In the case before me there is evidence which, if accepted by a jury, will establish that the applicant was motivated by malice towards Mr Waite and his business and that the applicant's actions on the night were carefully planned and involved a significant risk of substantial damage to the premises of Waite Robson, and that damage and injury to property and persons in the near vicinity might occur.
It is apparent on the material before me that the applicant was under considerable psychological stress at the time. Apart from his suggestion to police that it was a joke, however, no other explanation for his behaviour has been forthcoming.
As stated by me in the course of the hearing, it appears to me that his conduct, if proved by the Crown, was either an act of significant criminality and/or a result of highly irrational behaviour brought about by serious psychological problems.
On the material before me and notwithstanding the statements made to Mr Joblin by the applicant that he now harbours no resentment towards Mr Waite, I have no confidence that the circumstances which led to the actions of the applicant on 7 June 2003 will not continue to exist whilst he is on bail, if he is so bailed, with a consequent risk of further offending.
In the circumstances before me where the case against the applicant is, in my view, strong, where there is a high probability that he will be sentenced to a term of imprisonment of some considerable length if convicted, where the potential for harm caused by his alleged behaviour was great, and where the alleged behaviour of the applicant was highly unpredictable and irrational, but at the same time apparently carefully planned, the applicant has failed to allay the concerns which induced the legislature to refuse bail in these circumstances and he has failed to show cause why his detention in custody is not justified.
Finally I should add that amongst the other matters to which I have given consideration, the issue of delay is of concern.
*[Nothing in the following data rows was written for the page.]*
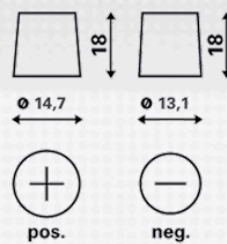

INFORMATIONS TECHNIQUES

Voltage [V]:	12	Listeau:	B00
Capacité de batterie [Ah]:	40	Polarité:	0
Courant d'essai à froid, NE [A]:	330	Bornes:	3
Longueur (mm):	187	Dimensions du boîtier:	B19L
Largeur (mm):	127	Poids remplie chargée:	10,1
Hauteur (mm):	227		

SCHÉMAS TECHNIQUES

B00

0

3

telebaterias.com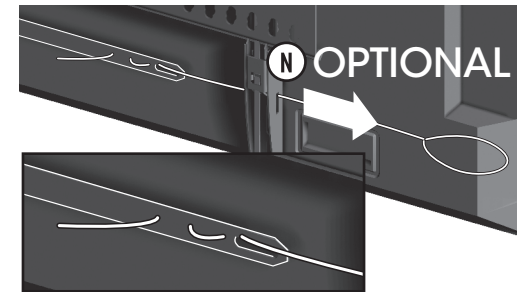

PFW 4500 max. 50 kg / 110 lbs

PFW 4700 max. 75 kg / 165 lbs

(GB) Subject to printing errors and technical amendments.
 (NL) Drukfouten en technische wijzigingen voorbehouden.
 (F) Sous réserve de fautes d'impression et de modifications techniques.
 (D) Für Druckfehler übernehmen wir keine Verantwortung.
 (D) Technische Änderungen vorbehalten.
 (E) Reservados errores de imprenta y sujeta a modificaciones.
 (I) Con riserva di modifiche tecniche e di eventuali errori di stampa.
 (P) Reserva-se a ocorrência de grafias e de modificações técnicas.
 (H) Nyomdahibák és technikai változtatások joga fenntartva.
 (PL) Zastrzega się możliwość występowania błędów drukarskich i zmian technicznych.
 (RUS) Возможны ошибки при печати и технические модификации.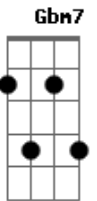

© ukulele-chords.com

There is, as I have said, weight in the matters relied upon by the applicant in favour of granting bail and further delay will only exacerbate those concerns.
The evidence is that the likelihood is that this proceeding will not be heard in Horsham until April or May of 2003. In my view, the case should be given such priority as is possible and if the vagaries of circuit create delay, the parties should consider an application to bring the matter to trial, either in Melbourne or another circuit city.
However, in the circumstances, the application for bail is dismissed.